Europol has admitted that confidential information on terror investigations was accidentally put online, as it launched a probe into what it called a “very serious incident.”
Dutch investigative TV programme Zembla, which broke the story, said around 700 pages on terror investigations – particularly analysis on terror groups – appeared online, including the names and contact details of hundreds of people with terror links.
The breach happened after “an experienced police officer” uploaded data from Europol onto a private storage device “in clear contravention of Europol policy,” Europol spokesman Gerald Hesztera said.
“A security investigation in coordination with the respective authorities at national level is ongoing,” he said. But “current information suggests that the breach was not ill-intended.”
Hesztera said the sensitive material was around 10 years old and there was “no indication” that any current investigation had been compromised.
The woman has now left Europol, which has since firmly beefed up cyber security.
A similar security breach “would not happen today,” Hesztera said.

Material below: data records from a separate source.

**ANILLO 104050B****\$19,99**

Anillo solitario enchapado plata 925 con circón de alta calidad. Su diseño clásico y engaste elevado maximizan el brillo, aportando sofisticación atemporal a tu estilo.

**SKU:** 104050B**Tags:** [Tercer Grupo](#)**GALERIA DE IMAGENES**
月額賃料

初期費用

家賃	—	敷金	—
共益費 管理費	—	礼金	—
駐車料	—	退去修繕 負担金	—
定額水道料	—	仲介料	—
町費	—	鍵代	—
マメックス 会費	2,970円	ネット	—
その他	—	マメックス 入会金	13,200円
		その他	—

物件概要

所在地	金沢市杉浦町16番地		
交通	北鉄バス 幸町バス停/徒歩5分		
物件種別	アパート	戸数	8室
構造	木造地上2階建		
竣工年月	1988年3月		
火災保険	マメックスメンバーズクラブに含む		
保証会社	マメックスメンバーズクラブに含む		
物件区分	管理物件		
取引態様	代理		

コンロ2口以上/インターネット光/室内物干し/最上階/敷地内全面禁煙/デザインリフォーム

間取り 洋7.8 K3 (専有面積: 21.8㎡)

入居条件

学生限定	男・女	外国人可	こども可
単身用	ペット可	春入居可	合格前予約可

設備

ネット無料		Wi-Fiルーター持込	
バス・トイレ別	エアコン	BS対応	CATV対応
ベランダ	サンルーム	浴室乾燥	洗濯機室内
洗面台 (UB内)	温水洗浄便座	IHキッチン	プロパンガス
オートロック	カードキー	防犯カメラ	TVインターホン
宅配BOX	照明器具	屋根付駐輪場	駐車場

It was unlikely the files had been seen by people who were under investigation, the possibility could not be excluded, added the spokesman.

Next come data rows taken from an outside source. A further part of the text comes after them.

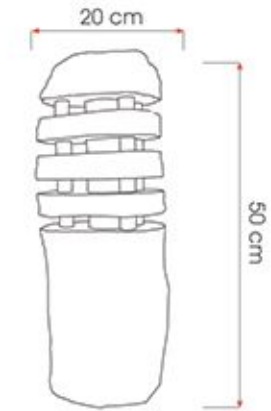

SİPARİŞ KODU CODE	AÇIKLAMA DESCRIPTION	GÜÇ POWER	İŞİK AKISI LUMINOSU FLUX
GRNT7057-15W	LED - GRANİT	15W	4000K
GRNT7057-35W	G12 - GRANİT	35W	3000K

GRANITE

TAS LAMBA STONE BOLLARD

SİPARİŞ KODU CODE	AÇIKLAMA DESCRIPTION	GÜÇ POWER	İŞİK AKISI LUMINOSU FLUX
SRPT7052-10W	LED - SERPENTINE	10W	4000K
SRPT7052-20W	LED - SERPENTINE	20W	4000K

SERPENTINE

SİPARİŞ KODU CODE	AÇIKLAMA DESCRIPTION	GÜÇ POWER	İŞİK AKISI LUMINOSU FLUX
MRBL7053-10W	LED - MARPLE	10W	4000K
MRBL7053-20W	LED - MARPLE	20W	4000K

MARBLE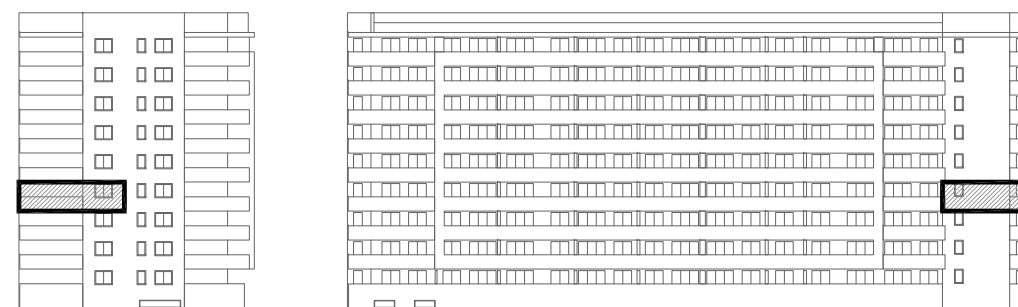

STAMBENA ZGRADA C1

LOKACIJA: ULICA MARIJANA ČAVIĆA / BORONGAJSKA CESTA, ZAGREB

STAN C1-A-33

3. KAT - četverosoban

| | |
|-----------------------------|----------------------|
| 1. hodnik | 2,93 m ² |
| 2. kuhinja | 7,77 m ² |
| 3. blag.+dn. boravak | 23,62 m ² |
| 4. kupaonica 1 | 4,63 m ² |
| 5. kupaonica 2 | 5,04 m ² |
| 6. predprostor | 3,63 m ² |
| 7. soba 1 | 10,73 m ² |
| 8. soba 2 | 9,60 m ² |
| 9. soba 3 | 8,25 m ² |
| 10. natkr.balkon 13,27x0,50 | 6,64 m ² |

82,84 m²

PM C1-03

12,50 m²

POLOŽAJ STANA U ZGRADI
3. KAT

POLOŽAJ STANA NA PROČELJU
zapadno i sjeverno pročelje

VANJSKO PARKIRALIŠNO MJESTO
C1-03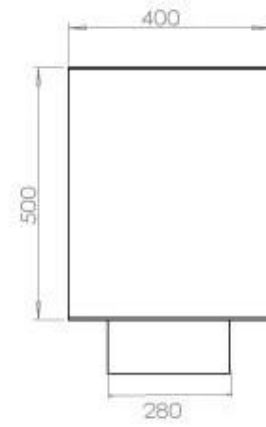

Type

Garanti	2 år
Brug	Indendørs
Flammesyn	46
Producent	Foco
Produkttype	2-sidet indbygningsbiopejs
Brændstof	Bioethanol
Aftræk/skorsten	Ikke nødvendig
Anbefalet luftudveksling	1

Størrelse

Vægt	35 kg
Dybde	40 cm
Højde	50 cm
Længde/bredde	120 cm

Udseende

Ståltykkelse	4 mm
Materiale	Stål
Farve	Sort
Glas medfølger	Ja

FLA 3+ 990 mm

FLA 3 990 mm

Automatic burner 1000

Primefire 1000

Superior Manual 1000

One Europol official who declined to be named told AFP the ex-employee is still a member of the Dutch police.
“It was against security regulations, but the information is old and the impact on any current investigation seems to be zero,” said this official.
Although some information was indeed confidential, most of it was not classified and some of it even available on Europol’s website, the official said.
“We see this as a very serious incident that has consequences for confidentiality on which we place a high premium,” Interpol deputy director Wil van Gemert told the NOS public newscaster.
Member states affected by the breach were also immediately informed and “Europol will continue to assess the impact of the data in question,” Hesztera said.